───── Source data

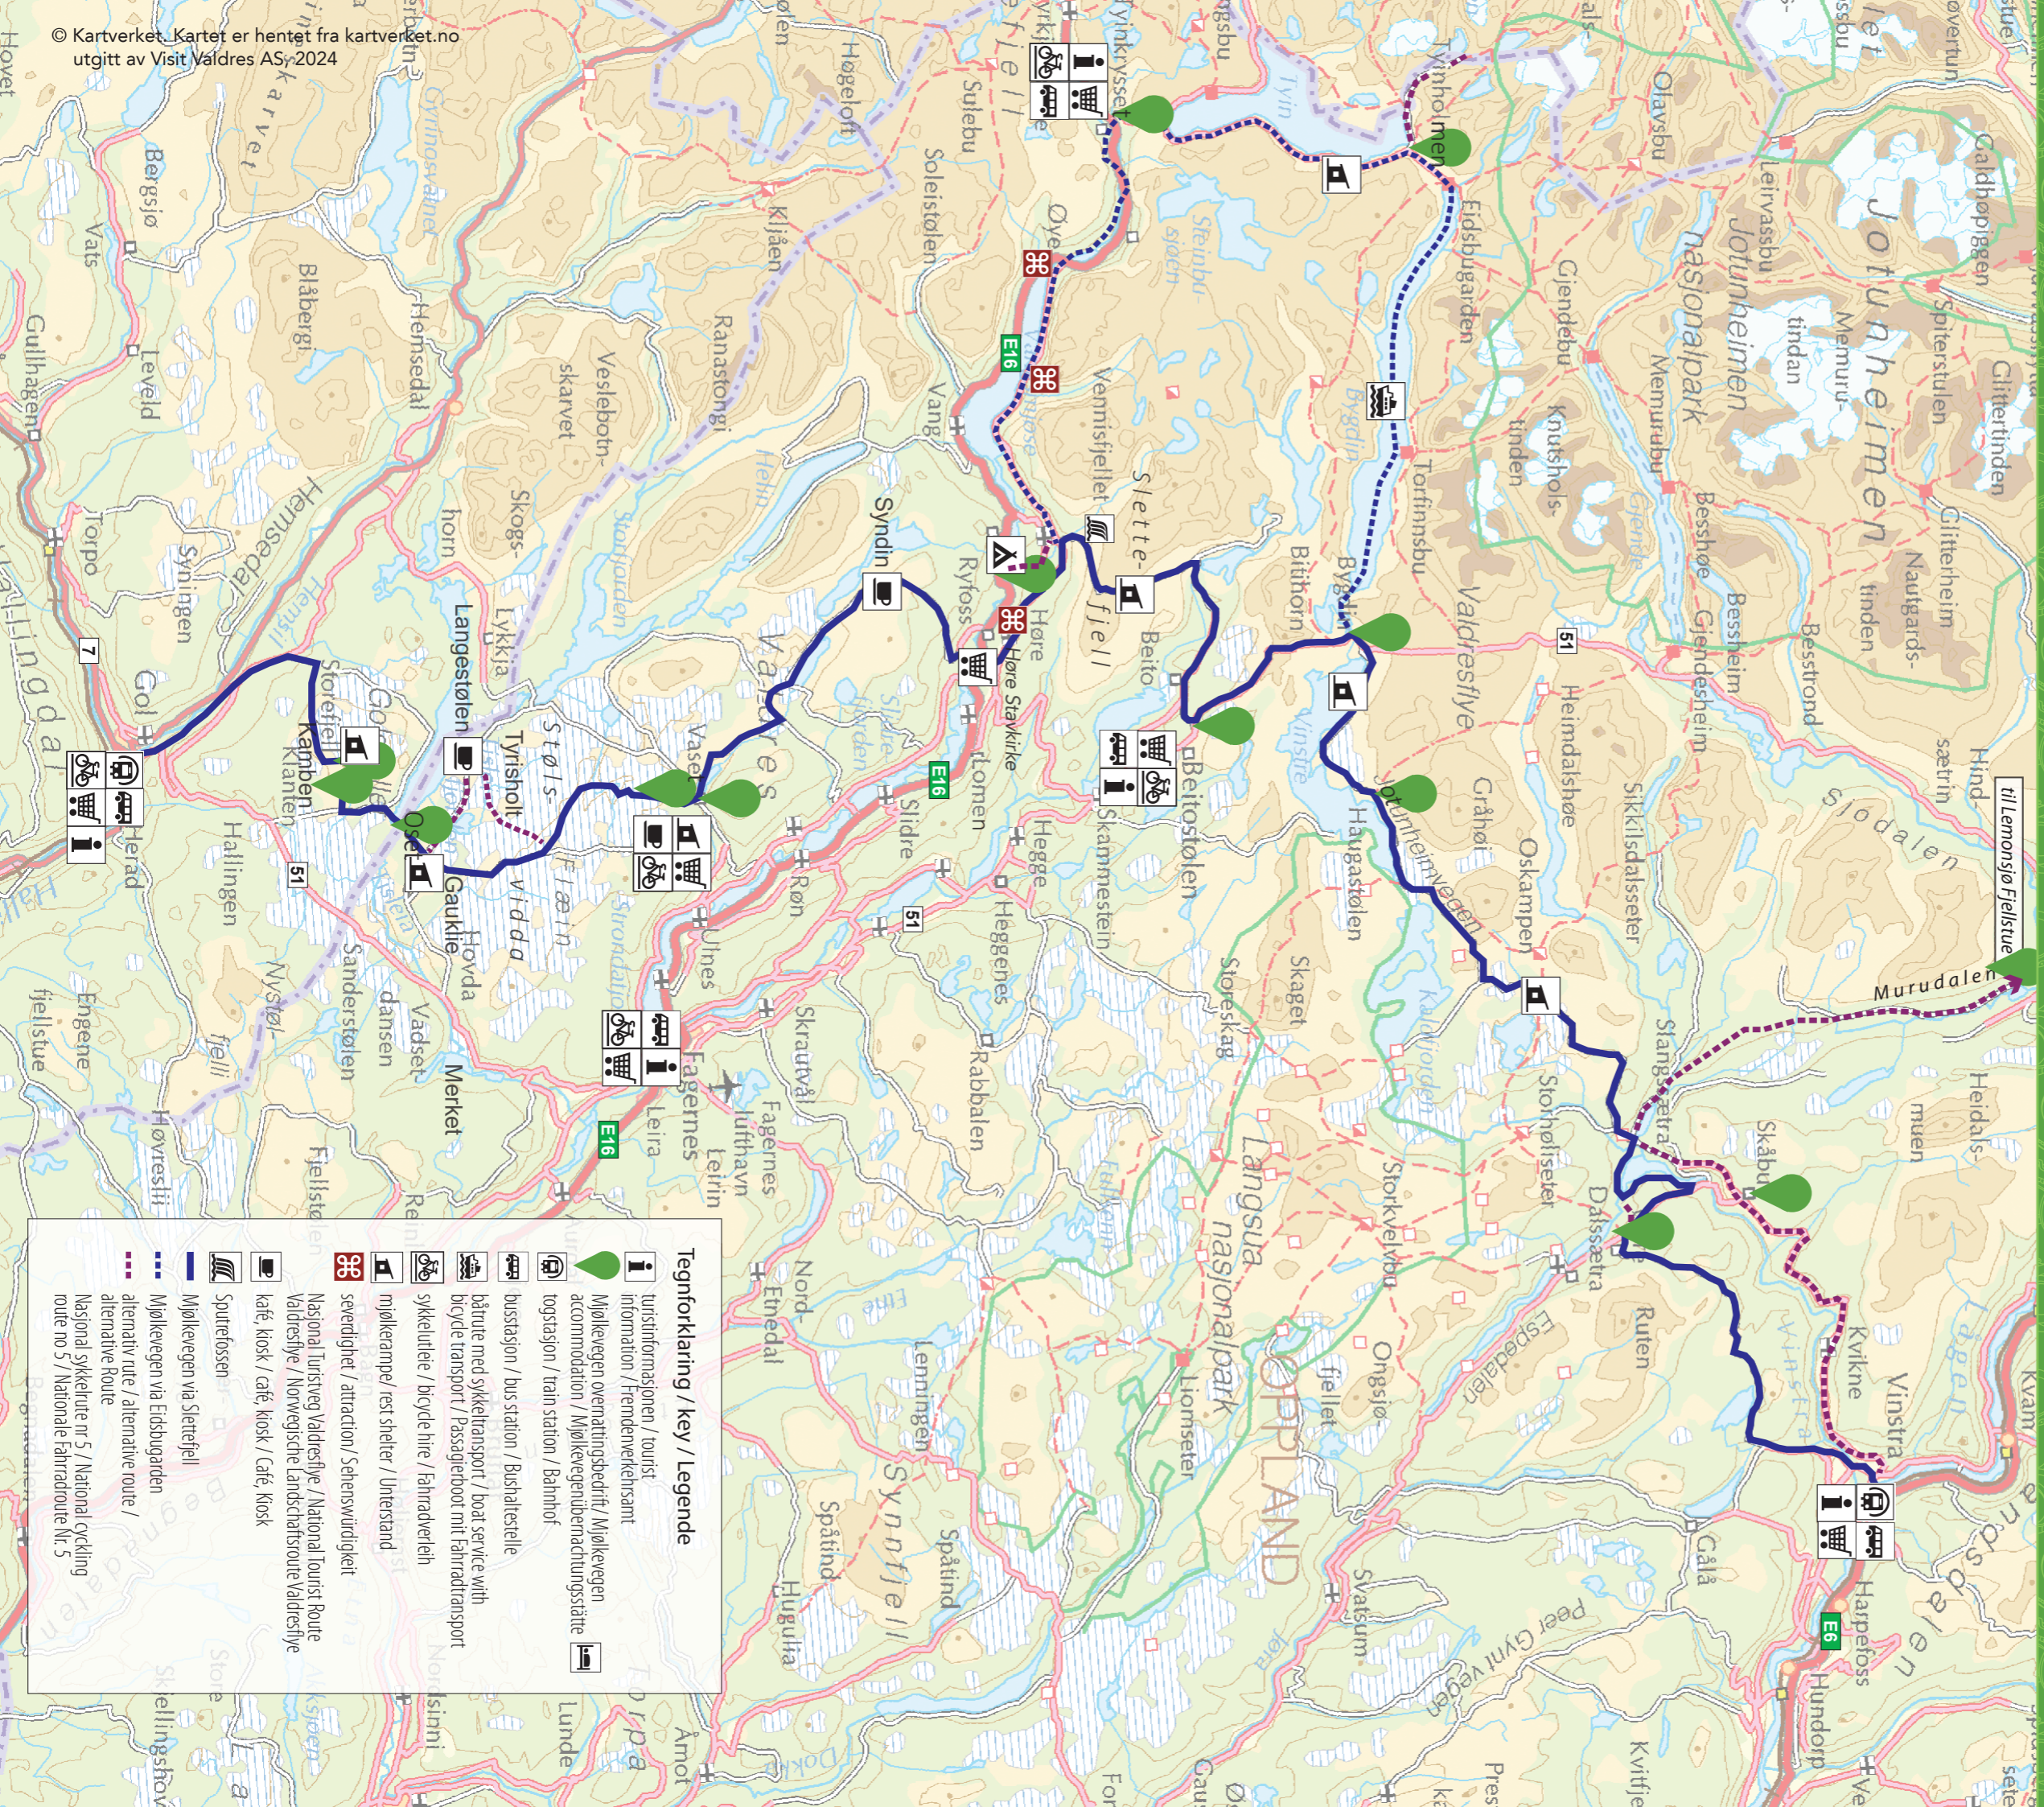

MJØLKEVEGEN

WINSTRA-VALDRES-GOL

Cycling guide for the Mjølkevegen route

© Kartverket. Kartet er hentet fra kartverket.no utgitt av Visit Valdres AS, 2024

Tegnforklaring / key / Legende

	turistinformasjonen / tourist information / Fremdenvevkehamsamt		Mjølkevegen overnattingsbedrift / Mjølkevegen accommodation / Mjølkevegenübernachtungsstätte
	Mjølkevegen		busstasjon / bus station / Bushaltestelle
	Mjølkevegen via Eldsbugarden		båtutleie med sykkeltransport / boat service with bicycle transport / Passagierboot mit Fahrradtransport
	alternativ rute / alternative route / alternative Route		sykkelutleie / bicycle hire / Fahrradverleih
	Nasjonal sykkelrute nr 5 / National cycling route no 5 / Nationale Fahrradroutenr. Nr. 5		milkekanne / rest shelter / Unterstand
	alternativ rute / alternative route / alternative Route		severdigheter / attraction / Sehenswürdigkeit
	Mjølkevegen via Slettefjell		Nasjonal Turistveg Valdresfylke / National Tourist Route Valdresfylke / Norwegische Landschaftsroute Valdresfylke
	Mjølkevegen via Eldsbugarden		katé, kosk / café, kosk / Café, Kosk
	Mjølkevegen via Slettefjell		Sputrefossen
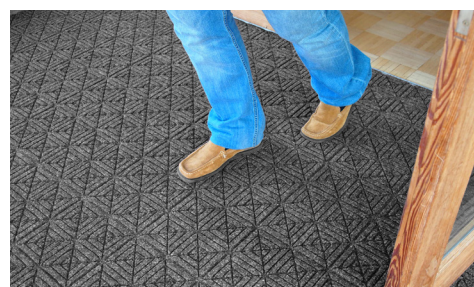

## Tapis d'entrée • Intérieur/Extérieur

Les carreaux WaterHog Eco Premier sont conçus pour fournir des solutions de revêtement de sol évolutives pour de grandes surfaces.

- La surface en tissu 100% recyclé ne se décolore pas au soleil et ne pourrit pas dans des conditions humides.
- Le support en caoutchouc SBR contient 20% de caoutchouc recyclé provenant de pneus de voiture.
- 100% résistant à l'eau de Javel et à la lumière du soleil.
- Polypropylène à absorption et séchage rapides.
- Dimensions standards.
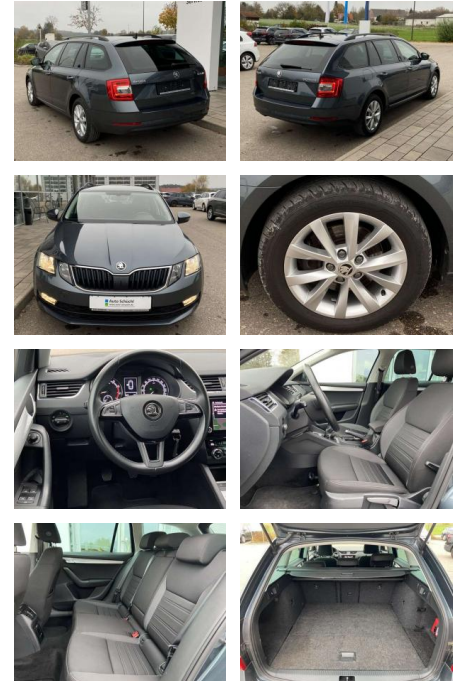

Skoda Octavia Combi 1.5 TSI TOUR AHK+NAVI

SS00-172326AAngebotsnr.:

Erstzulassung:	Kilometer:	Farbe:	Leistung:	Kraftstoffart:
01.06.2020	38.653		110 kW / 150 PS	Benzin

PREIS
23.530 €

FINANZIERUNGSBEISPIEL

Laufzeit: 72 Monate Anzahlung: 25 %
Basis-Finanzierung:* Mtl. Rate:
Zielraten-Finanzierung:** **217 €**

Multimedia

- Radio

Interieur

- Sitzheizung vorne Mittelarmlehne vorne Innenspiegel automatisch abblendbar Lendenwirbelstützen vorne Climatronic Beifahrersitz umklappbar Vordersitze höhenverstellbar Kindersitzverankerung für Kindersitzsystem ISOFIX Variables Ladebodenkonzept Rücksitzbanklehne geteilt umlegbar mit Mittelarmlehne Netztrennwand klimatisiertes Handschuhfach Multifunktions-Lederlenkrad 2 Leseleuchten vorn und 2 hinten
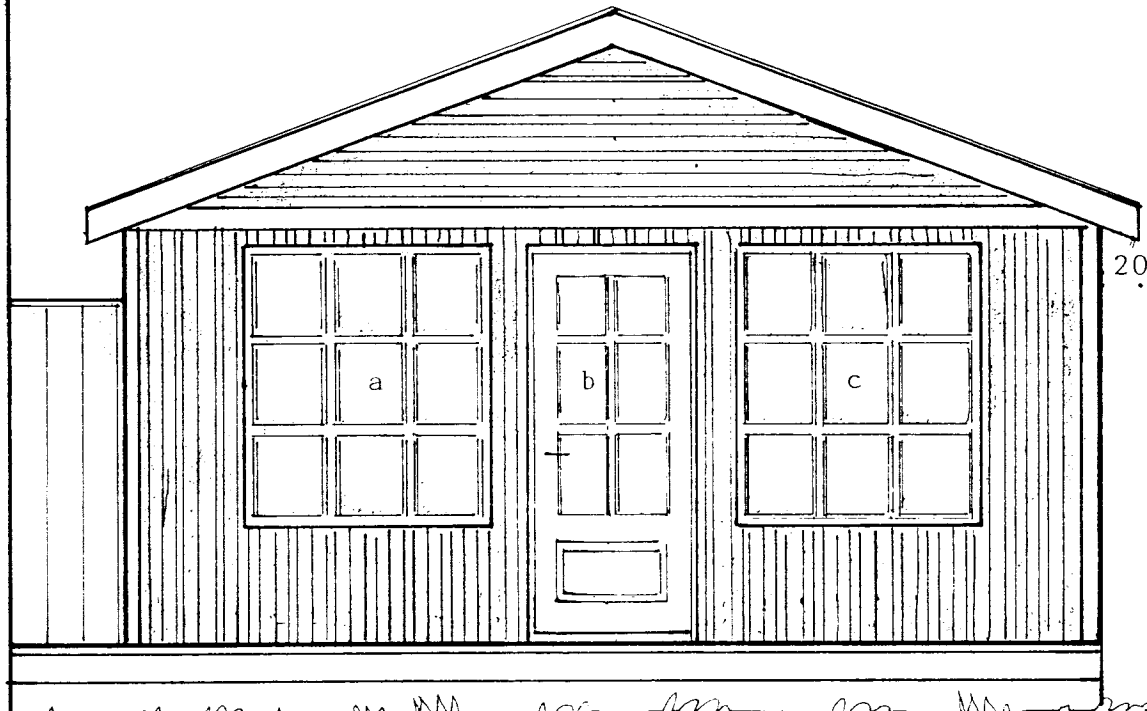

SUMARHÚS

útlit suður mkv. 1:40

hæðarmál:

- í sperru topp 330
- yfir skambita 230
- vegghæð 220
- hurðarop 210
- í glugga 60

Ó.K.Andersen Eyrarbakka	<i>Frjálsir Höfðingjar</i> <i>Þóroddur Þóroddsson</i> <i>Sumarhúsið</i>	<small>MANUAB</small> ÓKA	<small>FRÍKENAB</small> ÓKA	<small>FEA</small> 1K3	<small>MKV</small> 1:40	<small>SAG</small> 6.92
	<small>VEIÐI NA</small> 6	<small>BLAÐ NI</small> 2

──────────

● Exercise description
The line containing "Höfðingjar</i> <i>Þóroddur Þóroddsson</i>" begins the span, and the last line of the records above ends it. Return that span exactly, and nothing outside it.

● Task response
Ó.K.Andersen Eyrarbakka	<i>Frjálsir Höfðingjar</i> <i>Þóroddur Þóroddsson</i> <i>Sumarhúsið</i>	<small>MANUAB</small> ÓKA	<small>FRÍKENAB</small> ÓKA	<small>FEA</small> 1K3	<small>MKV</small> 1:40	<small>SAG</small> 6.92
	<small>VEIÐI NA</small> 6	<small>BLAÐ NI</small> 2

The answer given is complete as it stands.